DATA FOR PROCESSING:
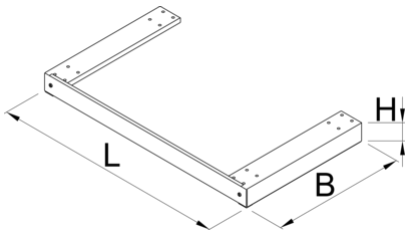

Heavy duty tool chest underbase

991HD.BASE

Profili

Atributi proizvoda

- materijal: PremiumPIUS lim
- Underbase for heavy duty drawer cabinet can be mounted under the cabinet in order to raise the cabinet from the floor and enables it to be moved by forklift of pallet carrier.

628824

L

1218

B

697

H

100

8800

* Slike proizvoda su simbolične. Sve dimenzije su u mm, masa je u g.

Upotreba (pictures)
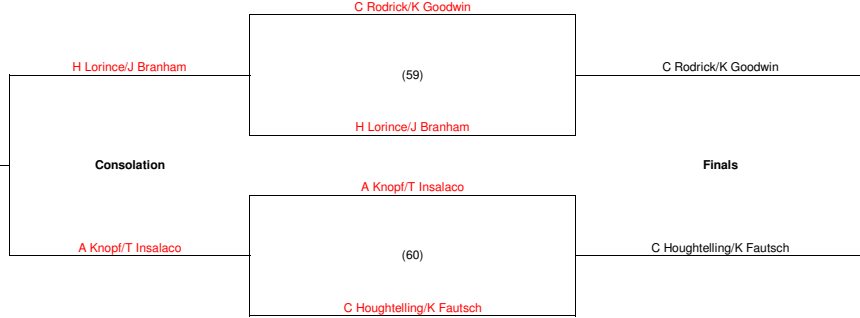

Tournament: Oasis Classic - Women's Open

Date: August 27th, 2016

SEED	FINISH
1	1
2	2
3	3
4	3
5	5
6	5
7	7
8	7
9	9
10	9
11	9
12	9
13	13
14	13
15	13
16	13

SEED	FINISH
17	17
18	17
19	17
20	17
21	17
22	17
23	23
24	24
25	25
26	25
27	25
28	28
29	29
30	30
31	31
32	32

PROBLEM DETAILS: Lines of the material that contain the word "proizvoda" are to be gathered.

ANSWER SECTION:
Atributi proizvoda
* Slike proizvoda su simbolične. Sve dimenzije su u mm, masa je u g.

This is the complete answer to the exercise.